That is correct. Moody’s has slashed the growth rate in GDP for the fiscal year 2019-20 from its original estimate of 6.2% to 5.8%. There were some clear reasons given by Moody’s for the same. Here are a few key justifications that Moody’s has provided.

· One of the major reasons that Moody’s has given is the slowdown in consumption. According to Moody’s, for a consumption driven economy like India, any slowdown in consumption could have implications for demand, incomes and growth at multiple levels.

· The second reason given by Moody’s is the weak investment cycle in India. High frequency indicators like the core sector growth have been pointing towards weak investment levels. That is bad for future growth drivers for the economy.
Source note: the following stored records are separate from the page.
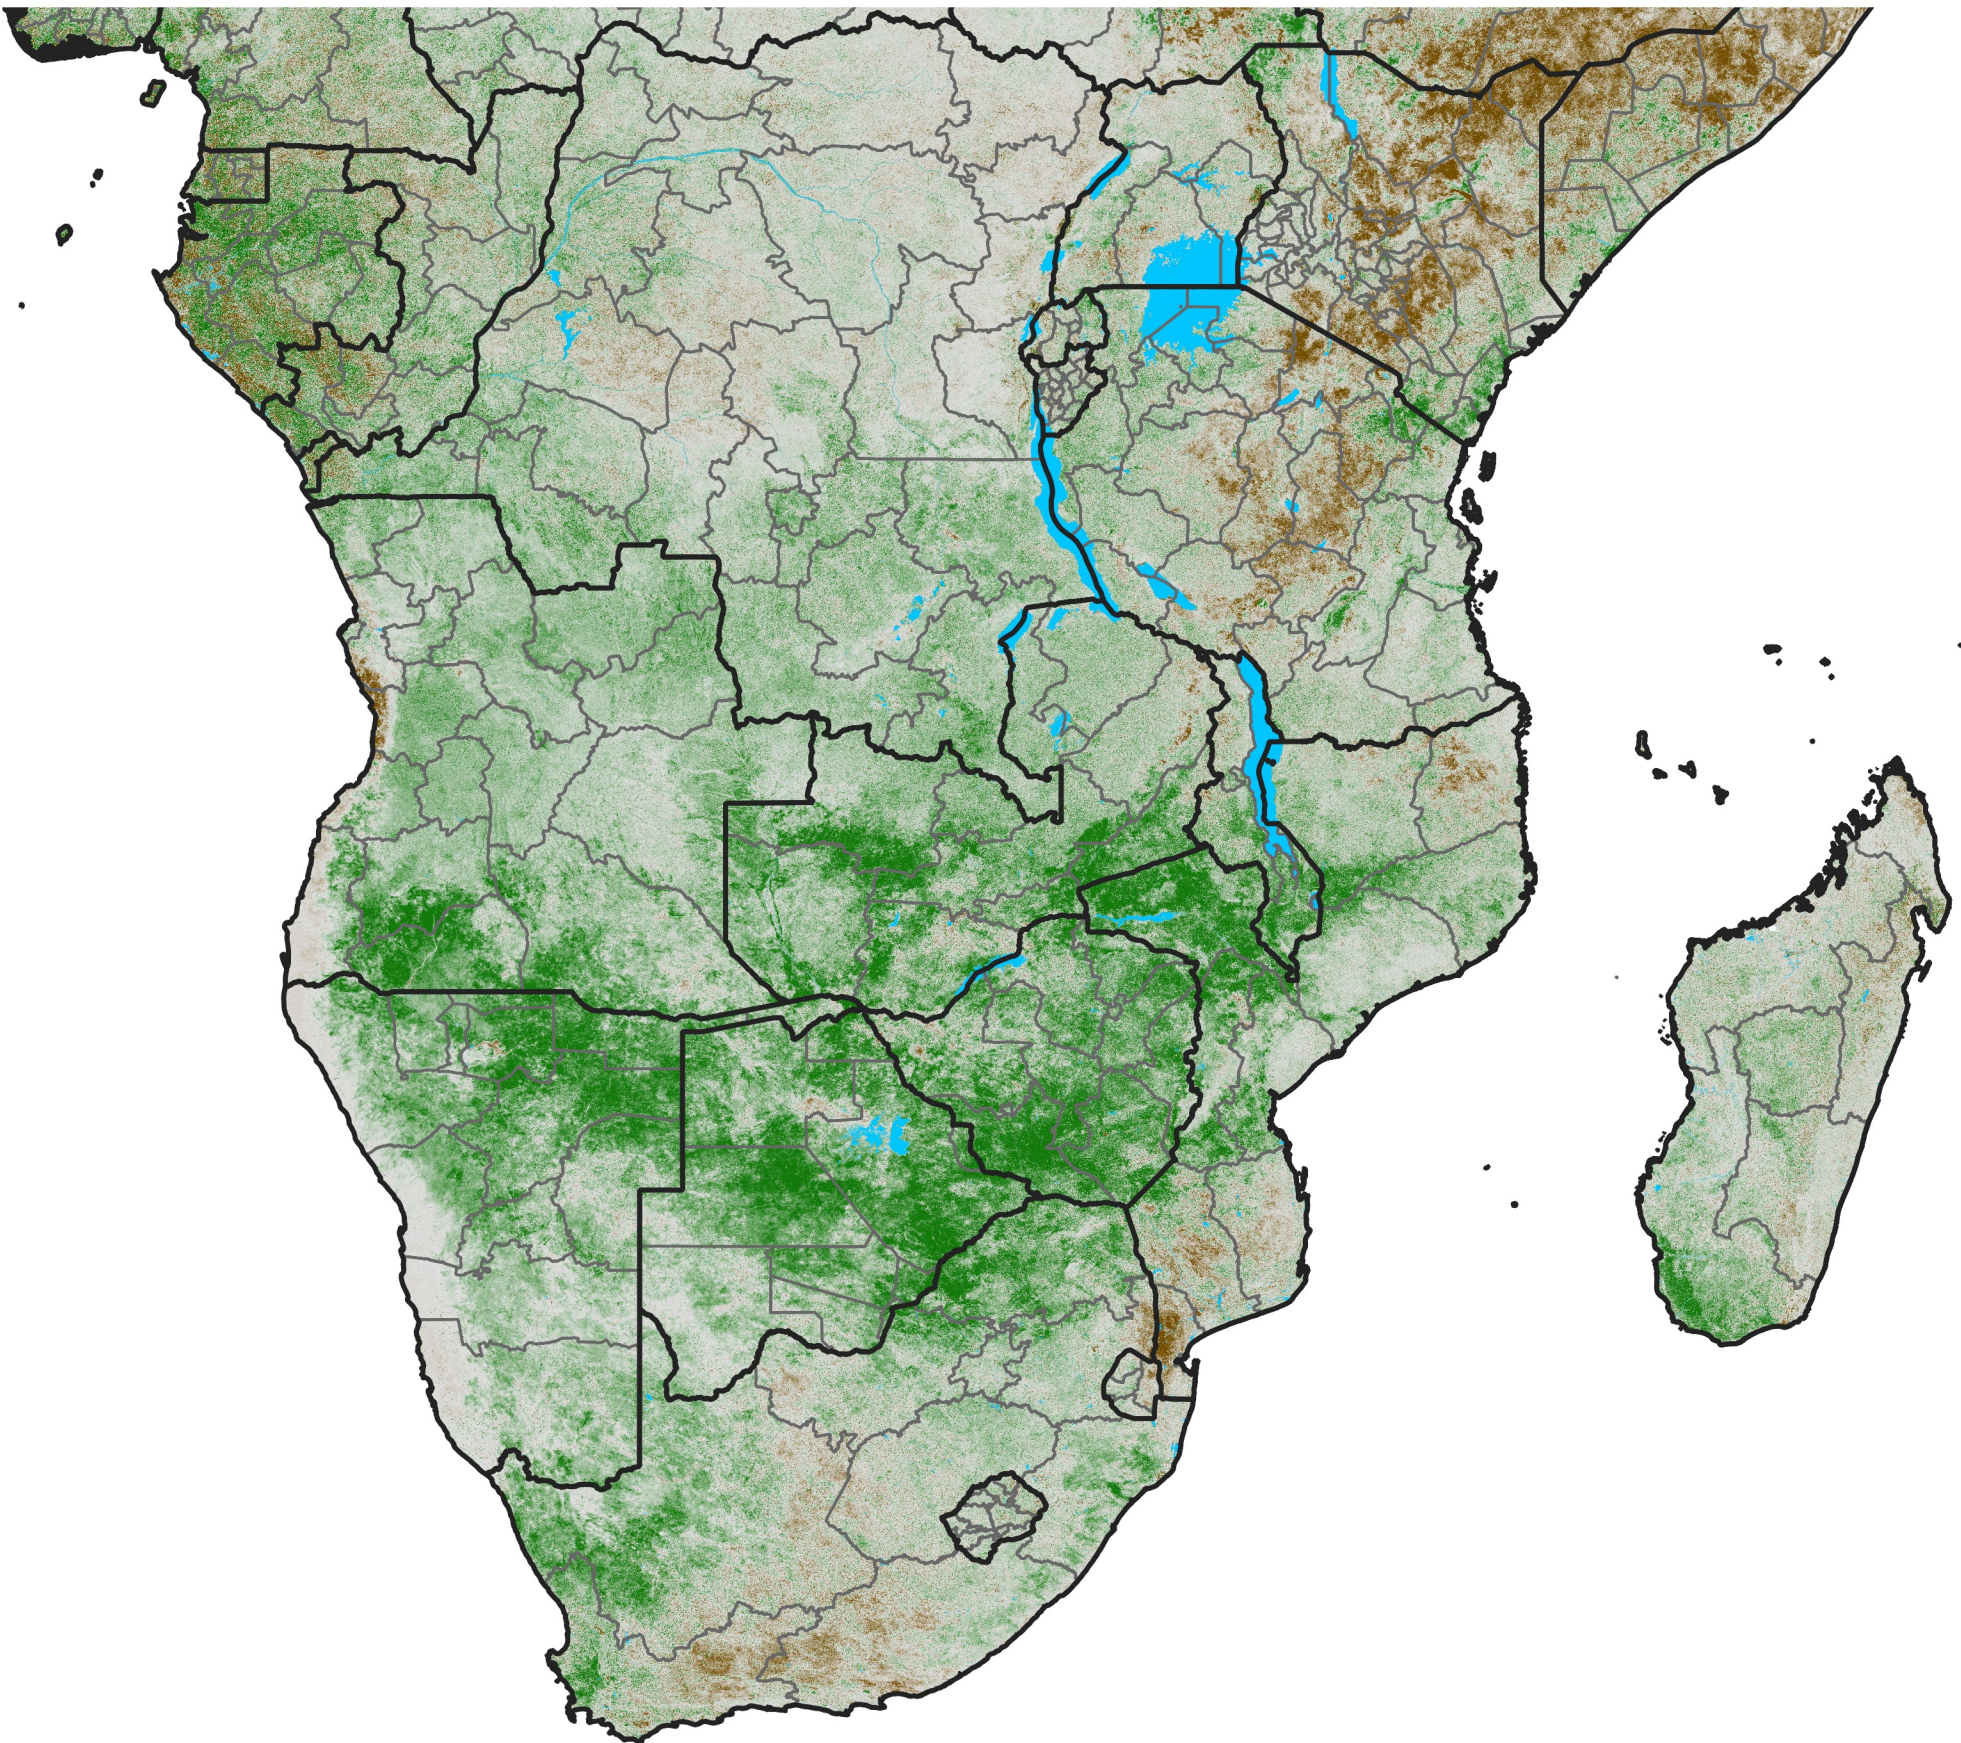

Southern Africa

NDVI Difference

2025 minus 2024

Period 17 / June 11 - 20, 2025

NDVI Difference

< -0.3 -0.2 -0.1 -0.05 0.05 0.1 0.2 >0.3

Negative

No Difference
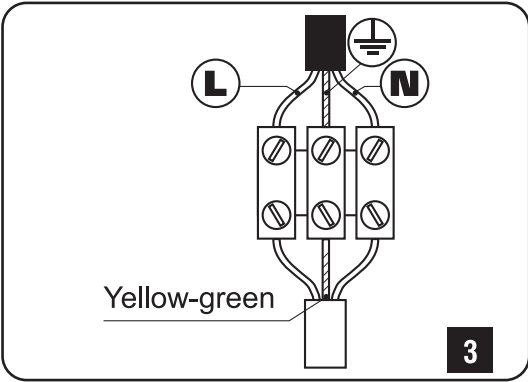

INDEX VL-SPF25A-B
VL-SPF25A-W

1

2

3

4

|

5

6

INDEX VL-SPF26A-B
VL-SPF26A-W

1

2

3

4

5

(GB)

The luminaire is intended for use only with LED lamps. The maximum power and type of compatible lamps are indicated on the packaging. The lamp is not included. Installation and connection should only be performed by a qualified
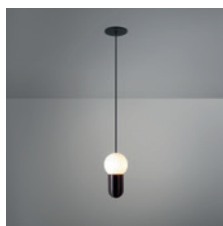

Placebo up LED GE

1X LED MODULE INCL. 6.3W

! MUST BE COMBINED WITH GLASS TUBE OR GLASS BALL (NOT INCLUDED);
! LUMEN OUTPUT DEPENDS ON CHOICE OF GLASS ACCESSORY
! LONGER SUSPENSION CABLE ON REQUEST

DRIVER > SEE PRODUCT PAGE ON WEBSITE

CONNECTED > SEE GOODIES

PLACEBO SHADES > SEE BELOW

OPTICAL ACCESSORIES

12623038	PLACEBO GLASS TUBE UP (46MM) WHITE MATT
12623238	PLACEBO GLASS TUBE UP (130MM) WHITE MATT
12625038	PLACEBO GLASS BALL UP (Ø90MM) WHITE MATT
12625238	PLACEBO GLASS BALL UP (Ø155MM) WHITE MATT
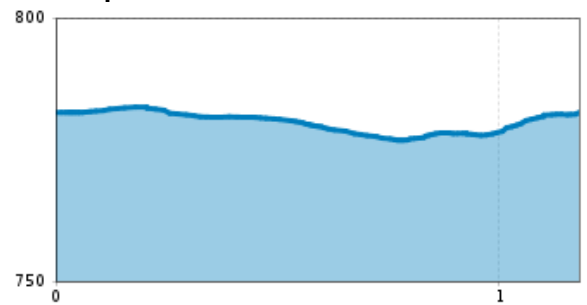

# "Sportloipe" 1,2 km Cross country ski track

distance 1,2 km

altitude meters uphill 12 m

highest point 784 m

Altitude profile

## arrival
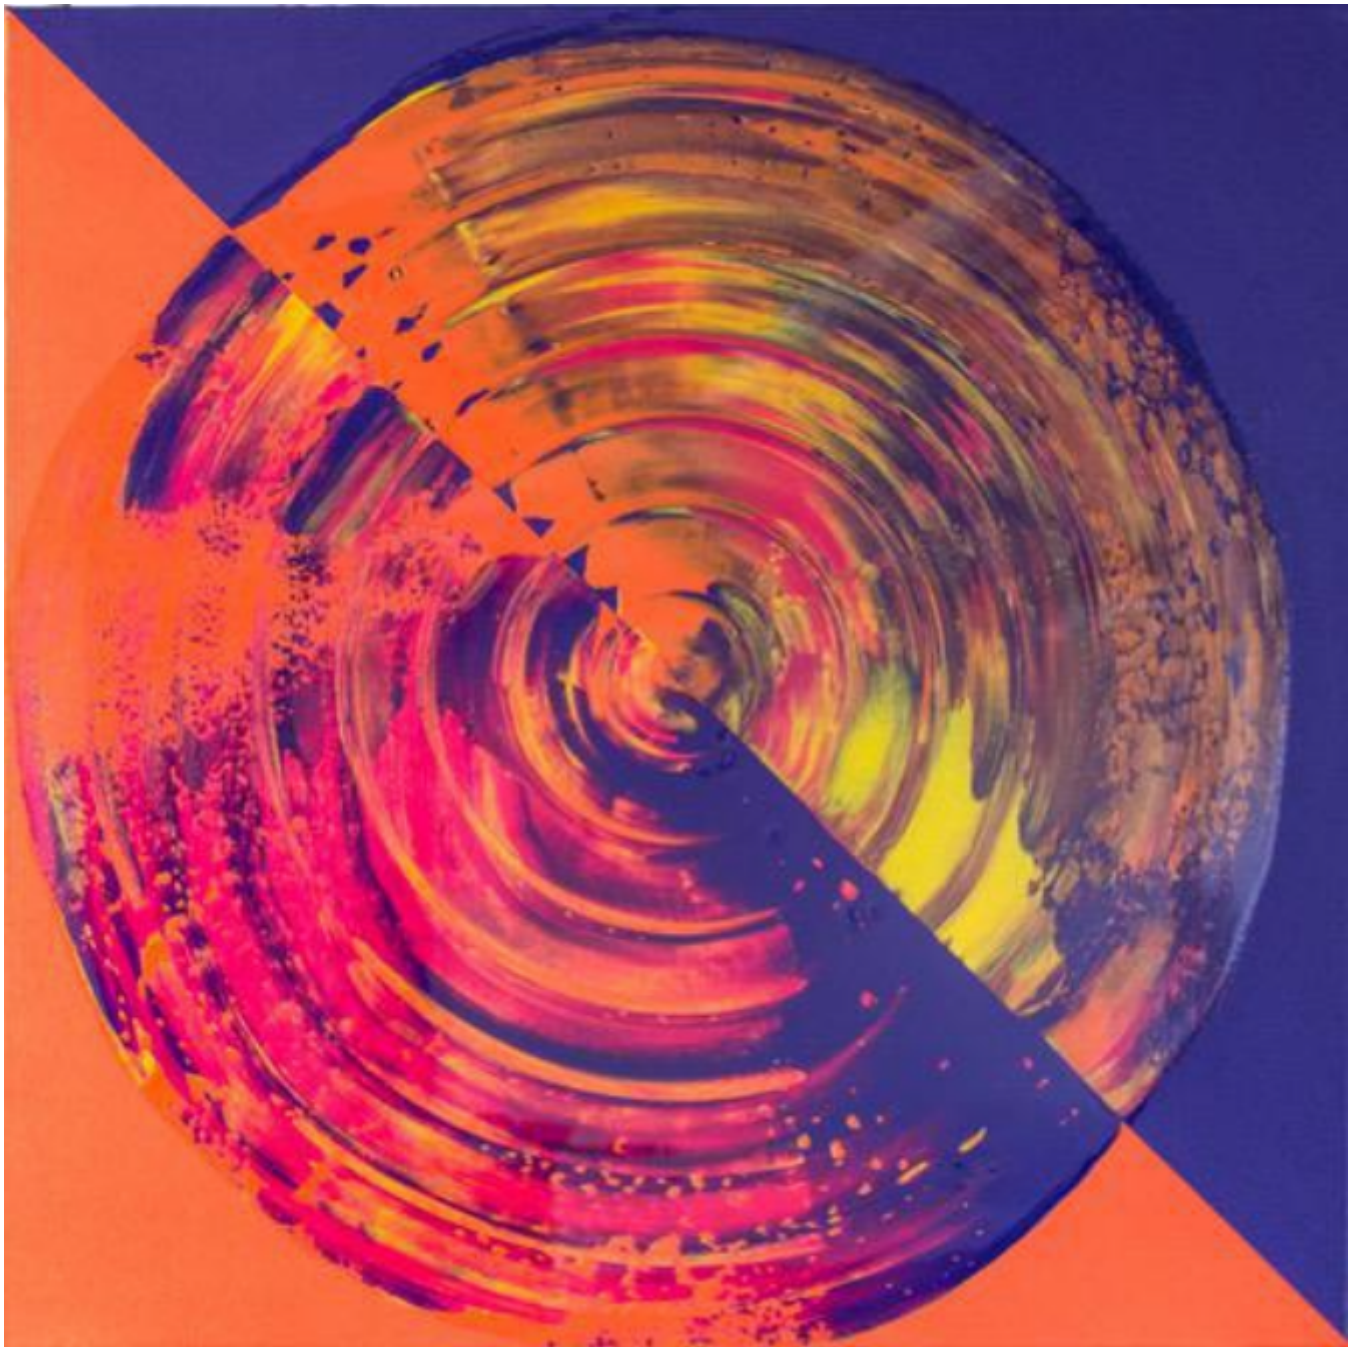

artéria

Purple and orange

Isabelle Beaubien

Sold

REF: 17241

Height: 60.94 cm (24")

Width: 60.94 cm (24")

· Moody’s has also pointed to the extent of bad loan stress in the economy. The debt crisis is far from over, according to Moody’s and some of the stress of NBFCs, realty and power could spill over to the banking system. Moody’s has also raised some red flags about the likelihood of consumer loan defaults increasing in the days to come.

· Moody’s has also pointed out to the stress on rural incomes as a reason for the growth downgrade. Rural households contribute substantially to demand due to their high propensity to consume. The low inflation in rural areas is indicative of the fact that spending stress continues to be high in these areas.

· The big trigger for Moody’s has most likely come from RBI slashing its growth forecast for 2019-20 from 6.9% to 6.1%. This came in the aftermath of the ADB and the OECD also downgrading India growth. S&P has already pegged growth at well below the 6% mark.

· There is also a sequential reason for this downgrade. India GDP grew at 5% in Q1 and is expected to grow at 5.3% in Q2. That means even to achieve 6% growth for the full year, the GDP will have to grow by nearly 7% in the last two quarters, which as of now does look a tad challenging. That was the trigger for the Moody’s downgrade of GDP growth.